4.3 Transfer to an Unlabeled Task using kernel marginal predictors (Gilles Blanchard)

Share:

Listens: 0

StatLearn 2012 - Workshop on "Challenging problems in Statistical Learning"

Education


We consider a classification problem: the goal is to assign class labels to an unlabeled test data set, given several labeled training data sets drawn from different but similar distributions. In essence, the goal is to predict labels from (an estimate of) the marginal distribution (of the unlabeled data) by learning the trends present in related classification tasks that are already known. In this sense, this problem belongs to the category of so-called "transfer learning" in machine learning.

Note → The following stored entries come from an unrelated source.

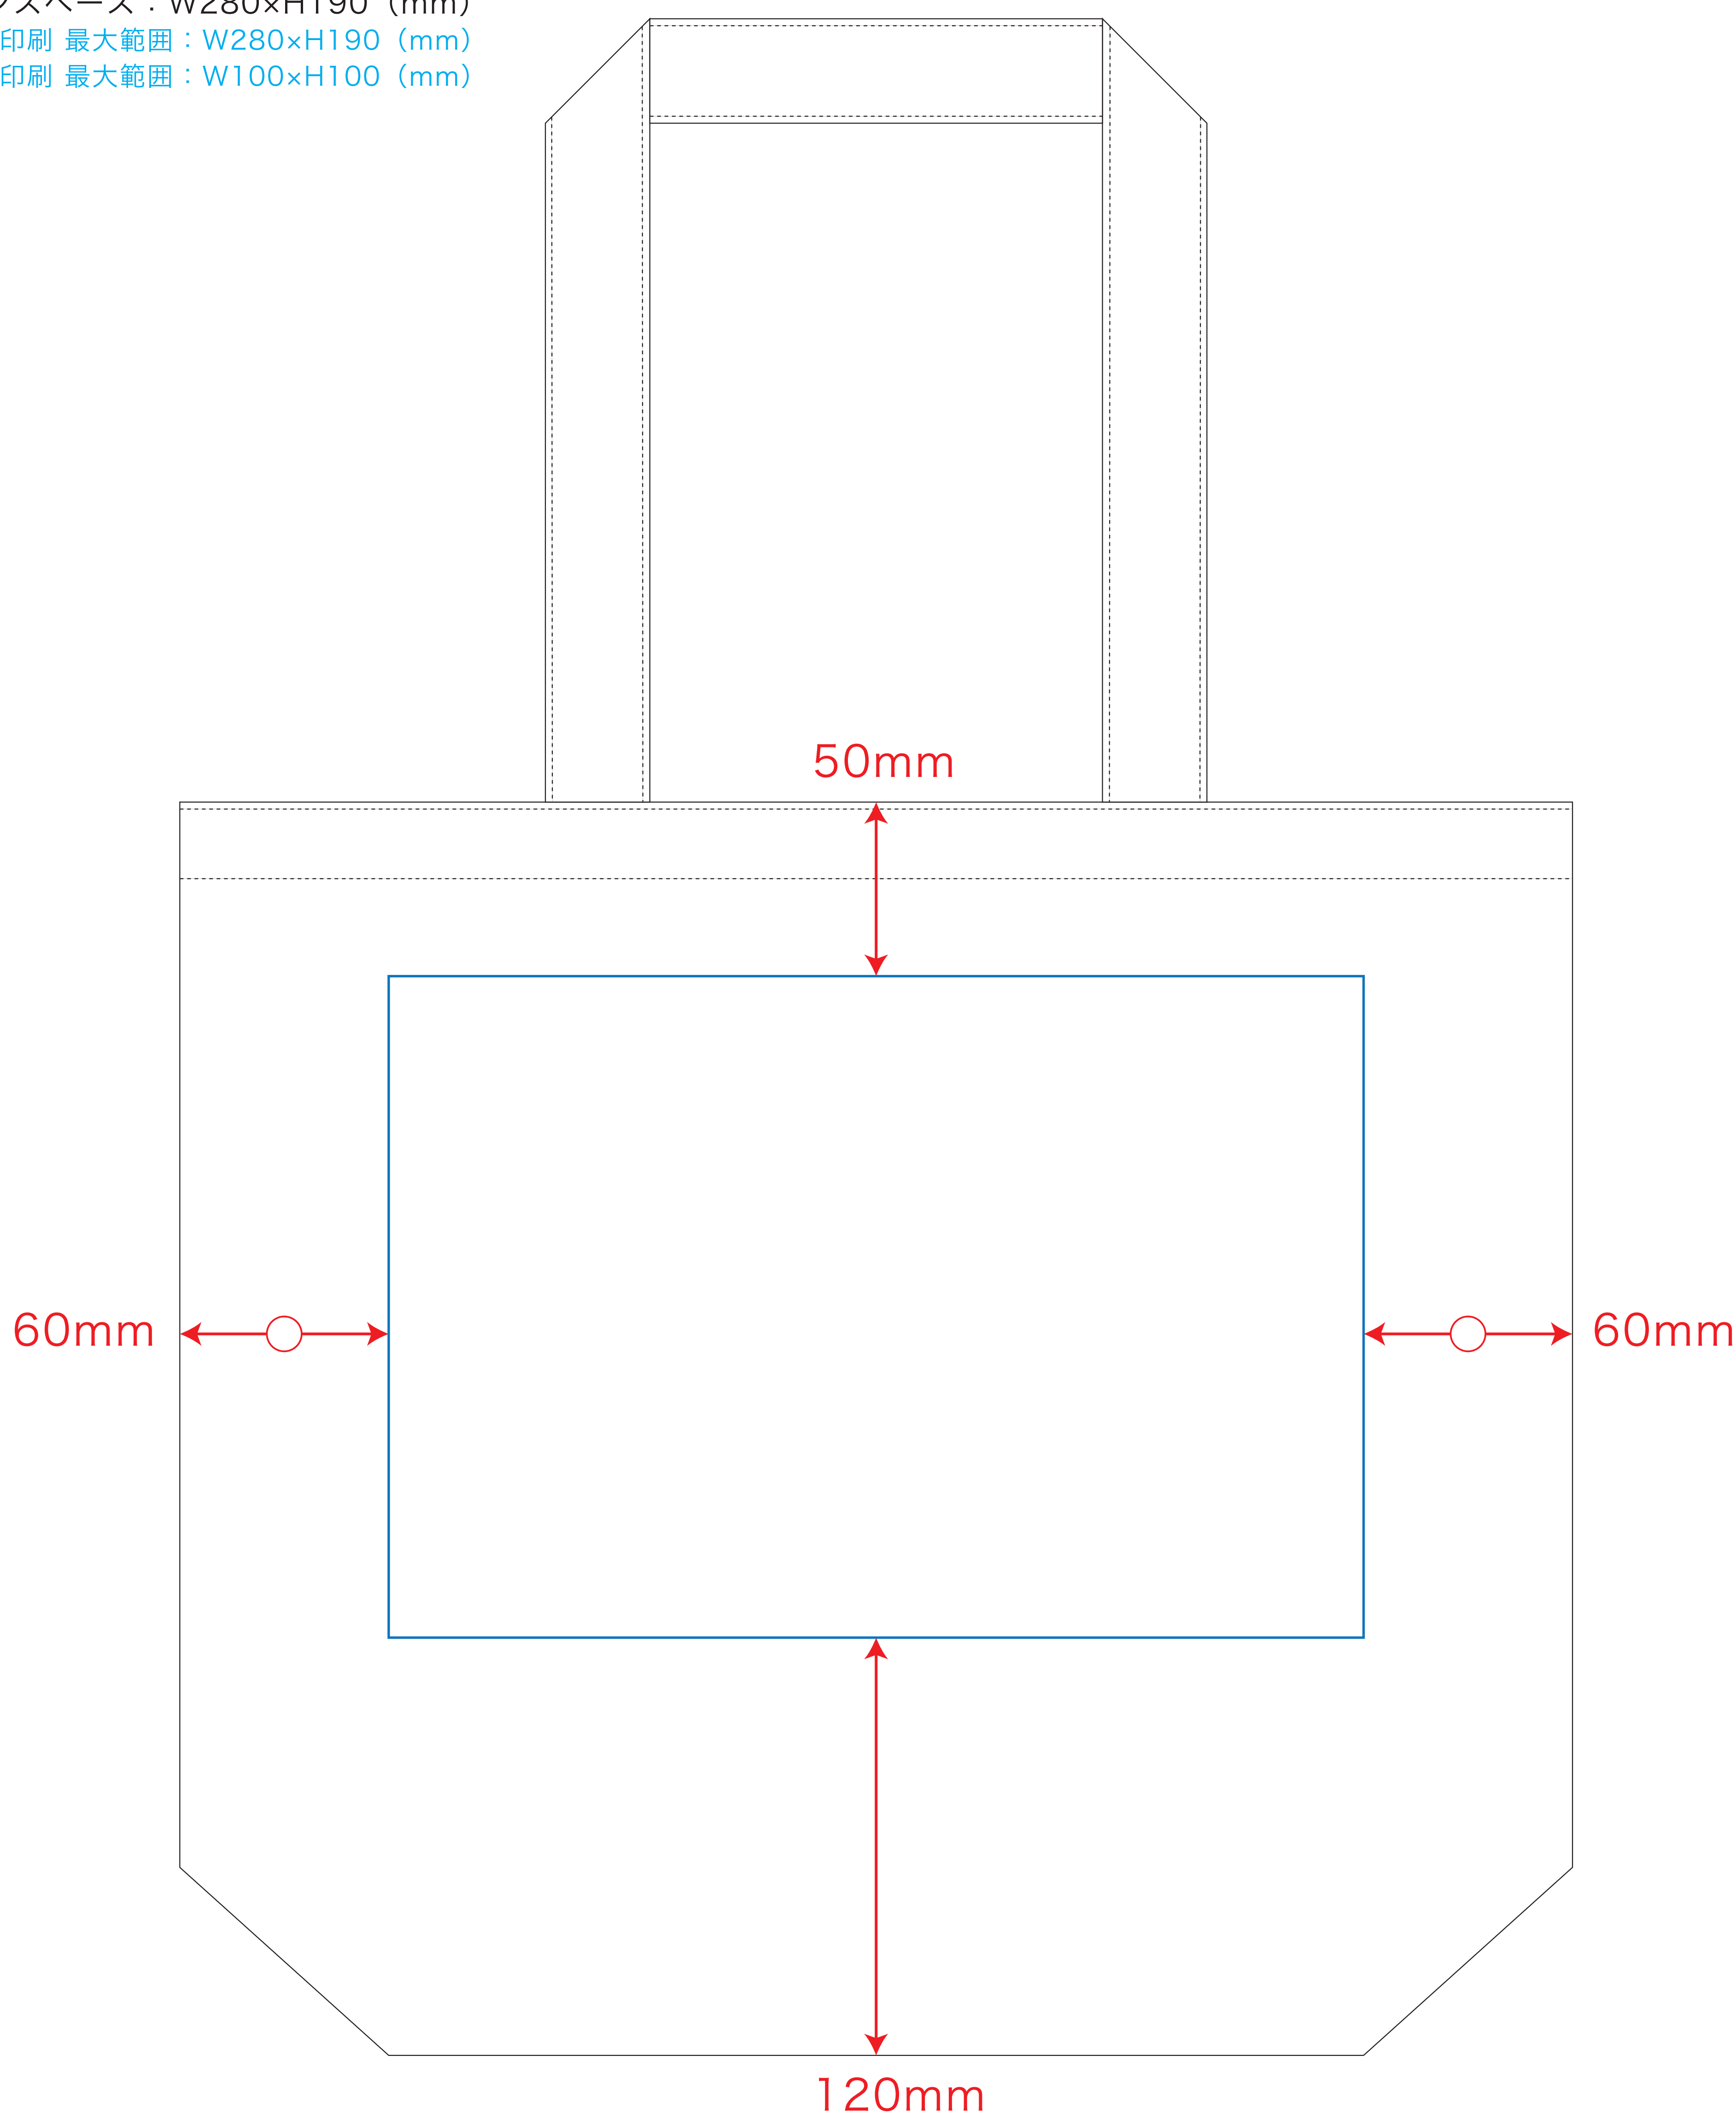

キャンバスデイリーノート (ML) デザインフォーマット

※ナチュラルのみエコマーク有り(内側)

デザインスペース : W280×H190 (mm)

■シルク印刷 最大範囲 : W280×H190 (mm)

■熱転写印刷 最大範囲 : W100×H100 (mm)

■...印刷領域 ※この領域を超えての印刷はできません。

デザイン指示
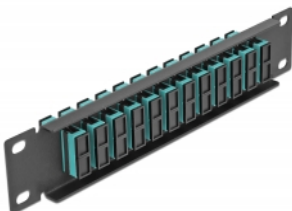

Delock 10" LWL Patchpanel 12 Port SC Duplex aqua 1 HE schwarz

Kurzbeschreibung

Dieses Patchpanel von Delock ist mit zwölf SC Duplex Kupplungen ausgestattet und eignet sich für den Einbau in einen 10" Netzwerkschrank. Mit den SC Duplex Kupplungen können LWL Stecker einfach miteinander verbunden werden.

Spezifikation

- Anschlüsse:
 - 12 x SC Duplex Buchse >
 - 12 x SC Duplex Buchse
- Für Multimode Faser OM3
- Keramikhülse
- Mit Staubschutzabdeckung
- Farbe: aqua
- Zur Montage in 10" Netzwerkschrank, 1 HE
- 12 Ports mit SC Duplex Kupplungen
- Gehäusematerial: Metall
- Gehäusefarbe: schwarz
- Maße (LxBxH): ca. 254 x 44 x 10 mm

Artikel-Nr. 66774

EAN: 4043619667741

Ursprungsland: China

Verpackung: Box

Packungsinhalt

- 10" LWL Patchpanel

Abbildungen

Schnittstelle	
Anschluss 1:	12 x SC Duplex Buchse
Anschluss 2:	12 x SC Duplex Buchse
Physikalische Eigenschaften	
Gehäusefarbe:	schwarz
Gehäusematerial:	Metall
Länge:	254 mm
Breite:	44 mm
Höhe:	10 mm
Farbe:	aqua
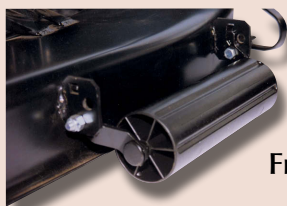

Græs

Tilbehør

CRAFTSMAN
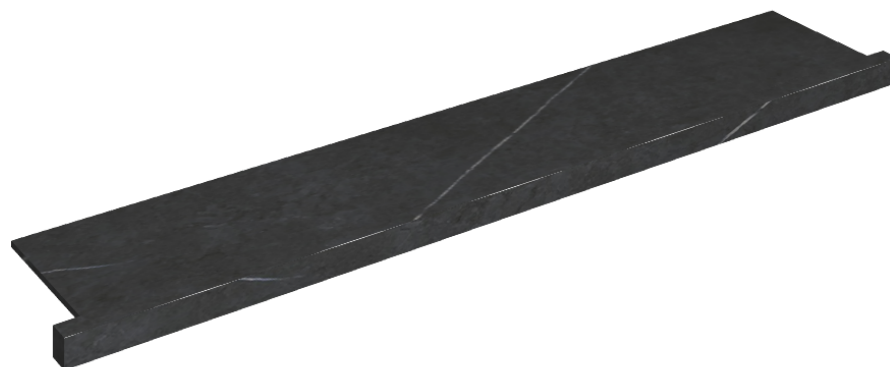

SCHEDA DI CONFIGURAZIONE

Cod. art.: 620890000004

Horizon

Window Sill With Horns

160

Rivestimento del
prodotto

Metropolis Imperial
Black Matt

I colori e le altre caratteristiche estetiche delle piastrelle presenti nelle illustrazioni presenti sul sito sono puramente indicativi. Guarda sempre i campioni di persona prima dell'acquisto.
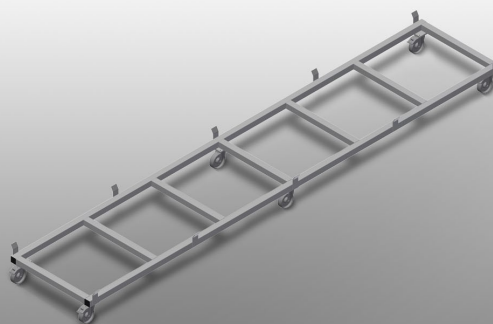

TPK4000

Carrelli di trasporto profili

- Solida struttura in acciaio
- Carrello di trasporto per la movimentazione di cassette di profili
- Ideale per trasportare le cassette di profili dal magazzino alla troncatrice o al centro di lavoro
- Per pallet di profili larghi fino a 760 mm
- Passanti di sicurezza per il fissaggio del pallet
- Sei ruote, quattro orientabili con freno fisso e due fisse

Carrello di trasporto per cassette di profili TPK 4000

Ruote orientabili

Le sei ruote, quattro delle quali con freno fisso e due fisse, offrono un'elevata mobilità e sono facili e sicure da maneggiare

Passanti di sicurezza

Passanti di sicurezza per il fissaggio del pallet

Carrello di trasporto per cassette di profili TPK 4000

Carrello di trasporto con pallet per articoli lunghi

TPK 4000 / CARRELLI DI TRASPORTO PROFILI

- Lunghezza 4.000 mm
- Larghezza 820 mm
- Altezza 285 mm
- Larghezza di carico 770 mm
- Peso 65 kg
- Portata 1.200 kg
- Diametro dei rulli di scorrimento 125 mm
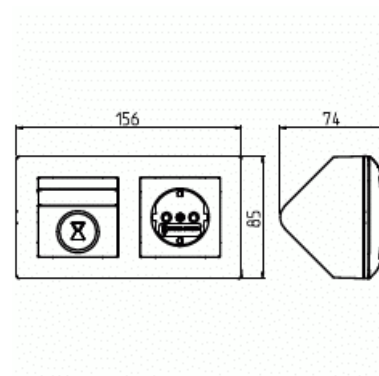

Timerkit SAGA hörnbox

Timerkit SAGA i hörnbox med 1-vägs vägguttag.

Typ: T210-20EUC-916.H

E-nr: 1815869

Produkt ID: 2TKA00005392

GTIN: 6438199015422

Timerset SAGA för hörn, innehåller timer, 1-vägs eluttag och installationshörnbox. Fasta tidsalternativ: 15 minuter, 30 minuter, 1 timme, 2 timmar, 4 timmar och 8 timmar. Utbytbara etiketter med tidsalternativ för att markera centrumplattan med vald tid. Biocirkulär plast används i bottenplattan.

Teknisk specifikation

Elektriska värden

Märkspänning:	230 V
---------------	-------

Klassificering

Lämplig för skyddsklass (IP):	IP21
-------------------------------	------

ETIM Data

Sammansättning:	Baselement med centrumplatta
Antal moduler (modulsystem):	1
Antal slutande kontakter:	1
Modell/Utförande:	Elektronisk
Monteringsmetod:	Övrigt
Typ av fastsättning:	Montering med skruv

Material:	Plast
Materialkvalitet:	Termoplast
Ytskydd:	Obehandlad
Färg:	Vit
RAL-nummer (liknande):	9003
Transparent:	Nej
Kortaste omkopplingsintervall:	15 min
Astro-program:	Nej
Omformare ingång:	Nej
Märkström:	10 A
Med ljusstyrkesensoranslutning:	Nej
Max. effekt:	2300 W
Kompatibel med Apple HomeKit:	Nej
Kompatibel med Google Assistant:	Nej
Kompatibel med Amazon Alexa:	Nej
Med stöd för IFTTT:	Nej
Inbyggnadsdjup:	35 mm
Minsta djup på infälld installationsdosa:	35 mm
Apparatens bredd:	156 mm
Apparatens höjd:	74 mm
Apparatens djup:	85 mm
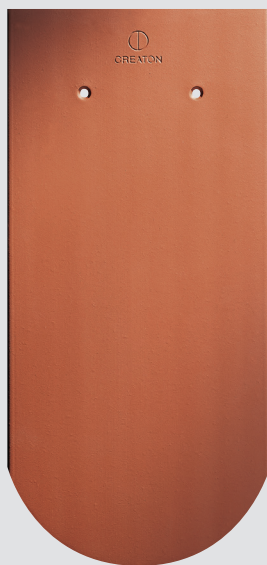

13,7 STÜCK/M²

✓ **Traditionsmodell mit Schneestoppwirkung**

ERHÄLTICH IN DEN FARBEN

1 naturrot

- 1 MAXIMA, FINESS schwarz
- 2 MAXIMA, NUANCE schiefer-ton

BIBER KLASSIK

- ✓ **Große Anwendungsvielfalt**
- ✓ **Für Dachflächen von geradezu klassischer Schönheit**
- ✓ **Schlanke und elegante Form**
- ✓ **Edle Engoben und sensationelle, umfangreiche Farbpalette**
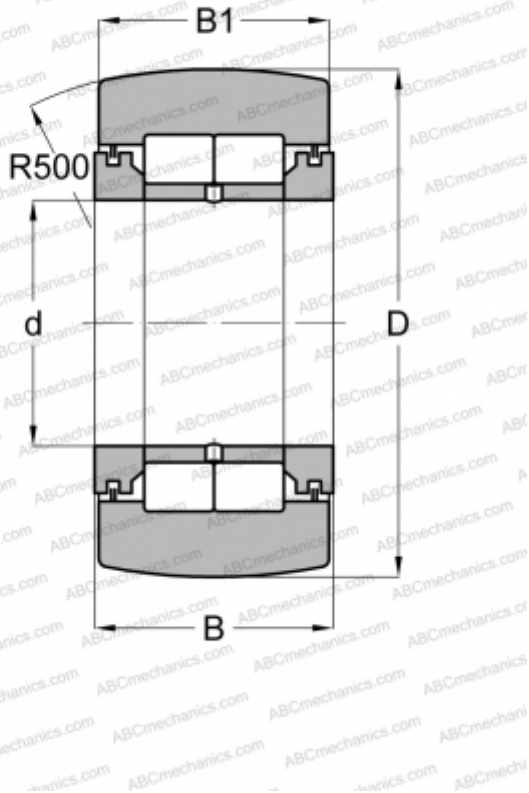

NUTR 25(NUTD 25) FAG

Опорные ролики

ТИП: Роликоподшипники, Игольчатые опорные ролики, С осевым центрированием, Роликовые без сепаратора, лабиринтные уплотнения с двух сторон

Технические характеристики

РАЗМЕРЫ, ММ

d	25,000
D	52,000
B	25,000
B1	24,000

МАССА, КГ

0,295

ПРОИЗВОДИТЕЛЬ

[FAG](#)

АНАЛОГИ

ABC	NUTR 25
INA	NUTR 25
SKF	NUTR 25 A
IKO	NURT 25 R
McGill	MCYRD-25
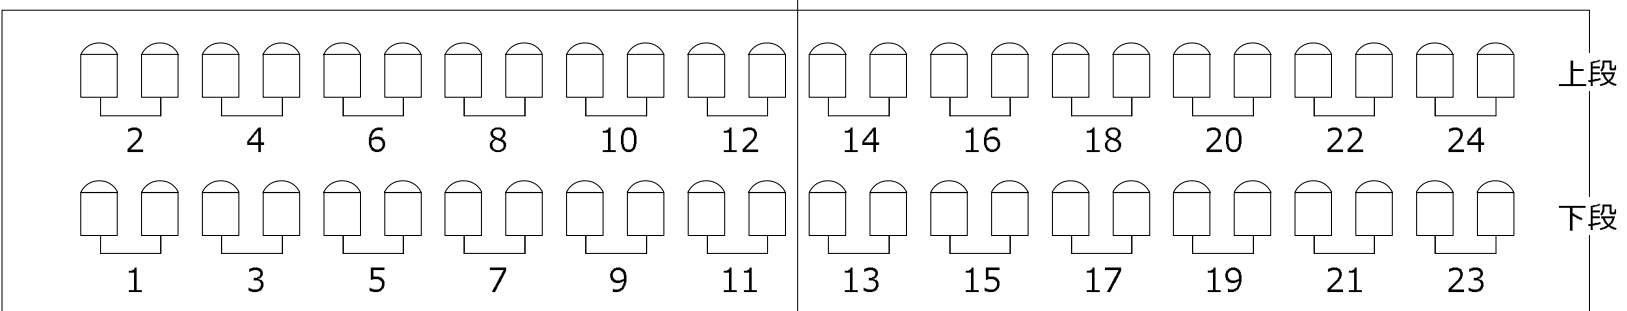

下FR  
3k unit

LNC-1500w  
(凸8インチ)

アルカス佐世保 大ホール  
前明り

内(客席側) ←

上FR  
3k unit

LNC-1500w  
(凸8インチ)

1CL  
4k unit

LNC-2000w  
(凸10インチ)

2CL  
4k unit

LNC-2000w  
(凸10インチ)
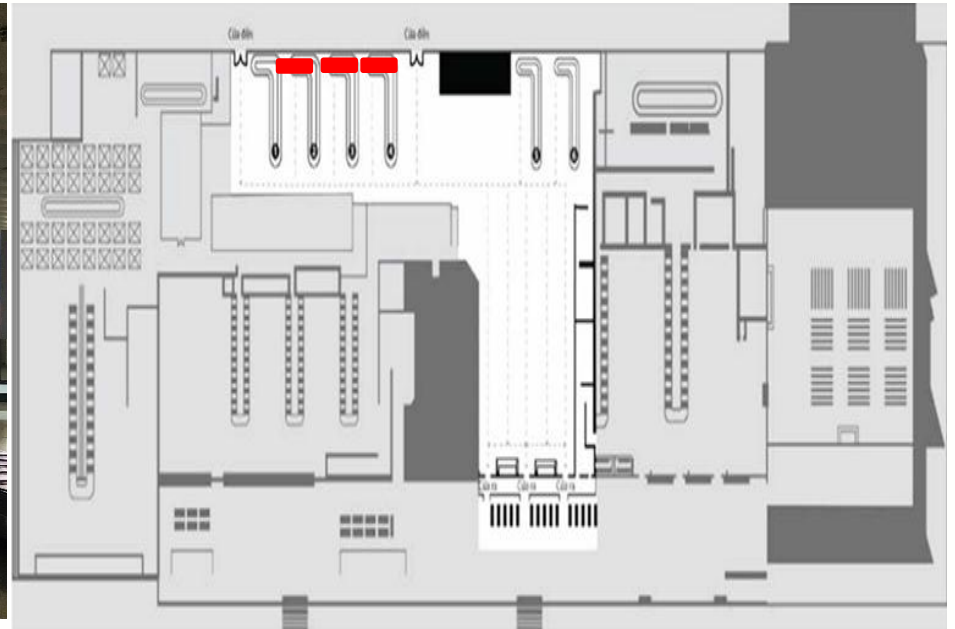

VỊ TRÍ : BĂNG CHUYỀN NHẬN HÀNH LÝ VIETNAM AIRLINES SỐ 1A, 6A

Vị trí – Thông số kỹ thuật – Báo giá

VỊ TRÍ:

Băng chuyền nhận hành lý
Vietnam Airlines số 1A, 6A

THÔNG SỐ KỸ THUẬT:

Số lượng: 02 biển
Kích thước: 1m x 3m x 2 mặt
Hình thức: Biển hộp đèn gồm 02 mặt

BĂNG CHUYỀN NHẬN HÀNH LÝ

VỊ TRÍ : BĂNG CHUYỀN NHẬN HÀNH LÝ VIETNAM AIRLINES SỐ 1C, 2C VÀ 3C

Vị trí – Thông số kỹ thuật – Báo giá

VỊ TRÍ:

Băng chuyền nhận hành lý Vietnam Airlines số 1C, 2C và 3C

THÔNG SỐ KỸ THUẬT:

The probabilistic model used is that the different training and test distributions are themselves i.i.d. realizations from a distribution on distributions. Conceptually, this setting can be related to traditional random effects models in statistics, although here the approach is nonparametric and distribution-free. This problem arises in several applications where data distributions fluctuate because of biological, technical, or other sources of variation. We develop a distribution-free, kernel-based approach to the problem. This approach involves identifying an appropriate reproducing kernel Hilbert space and optimizing a regularized empirical risk over the space. We present generalization error analysis, describe universal kernels, and establish universal consistency of the proposed methodology. Experimental results on flow cytometry data are presented.